Looking to specialized structures
One key consideration is choosing between standard Python data structures like lists and specialized structures like NumPy arrays. Python lists are versatile and easy to use but inefficient for numerical operations on large data sets. They can store different types of objects, which adds overhead in terms of RAM and processing. For instance, when a list contains objects of different types, Python must store type information for each element and perform type checking during runtime, which can slow down computation.
On the other hand, NumPy arrays, often used for numerical computing in Python, and help improve performance of operations on large files of homogeneous data. These arrays use contiguous blocks of memory, making access and manipulation of array elements more efficient. They also support vectorized operations (which cannot be done with a standard library), allowing for complex computations to be executed on entire arrays without the need for explicit loops in Python. This not only leads to more concise and readable code but also significantly enhances performance due to optimized, low-level C implementations for mathematical operations.

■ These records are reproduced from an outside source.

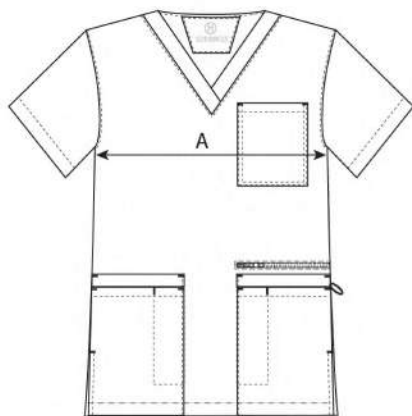

ALEX INCLUSIVE SCRUB TOP

SN0028

Polyester Spandex

SIZE CHART

SIZE	S	M	L	XL	2XL	3XL	4XL	5XL
A : 1/2 Chest (cm)	56	59	62	65.5	69	73	76	80
B : CB Length (cm)	73.5	74	75	77.5	80	82.5	83	84.5

STYLE

- Modest V-neckline
- Chest pocket
- Secure front zip pocket
- Two double front pockets with pen dividers
- Elastic bungee loop for accessories
- Reinforced side splits for movement
- 6 pockets in total
- Style #SN0028

FIT

- Inclusive fit no shaping through the waist
- Suitable for most body types

FABRIC COMPOSITION

- 98% Polyester/ 2% Spandex
- Easy care 2-way stretch fabric
- Suitable for all climates
- Soft against the skin
- Durable and lightweight
- Quick drying

In summary, the thoughtful selection of data types is vital in Python for optimizing both speed and memory usage. While Python's flexibility and ease of use are advantageous, leveraging specialized data types like NumPy arrays for numerical operations and making smart choices between different native data structures can significantly improve the performance of Python code. This is especially true in data-intensive and computationally demanding applications, such as scientific computing, data analysis, and machine learning.
Python code optimization and global variables
Global variables in Python are those defined outside of a function and which can be accessed from any part of the program, as explored earlier in the guide. However, their use often sparks debate regarding best practices in coding, especially concerning code optimization and maintainability.
From a performance optimization perspective, global variables can sometimes offer benefits. They can be used to cache values that are expensive to compute and are required by multiple functions, potentially reducing the need for redundant calculations. This can lead to performance improvements in certain scenarios.
Nevertheless, there are many scenarios where we should avoid global variables:
- It can lead to code that is hard to debug and maintain as global variables can be modified by any part of the program.
- Using global variables can lead to issues with code scalability and readability. They make it harder to understand the interactions between different parts of the code, and more challenging to test or implement changes without unintended side effects.
- From a design perspective, overusing global variables often indicates a lack of encapsulation, affecting code modularity and reusability.
So, while global variables can be used for optimizing performance in specific cases, they should be used sparingly and judiciously. It's often better to consider alternative approaches, such as function arguments or class attributes, which can provide a cleaner code that is easier to test.
Towards more efficient in-memory Python pipelines
Let's now turn to some practical advice on how Python code can be optimized to efficiently process data in-memory.
Vectorized data transformations
Always opt for vectorized operations over traditional loops. Vectorized operations refer to performing operations on entire arrays or collections of data at once rather than iterating through each element individually.
In Python, the NumPy library is well-known for providing vectorized operations. Here, we create a NumPy array data_array
with some initial values and then perform a vectorized multiplication operation on the entire array.
import numpy as np
data_array = np.array([1, 2, 3, 4, 5])
data_array *= 10 # Vectorized multiplication operation
### Now data_array is array([10, 20, 30, 40, 50])
Efficient data loading
For datasets that can fit into available RAM, Pandas provides efficient tools for data manipulation:
import pandas as pd
### Load data into a Pandas DataFrame
data = pd.read_csv('manageable_dataset.csv')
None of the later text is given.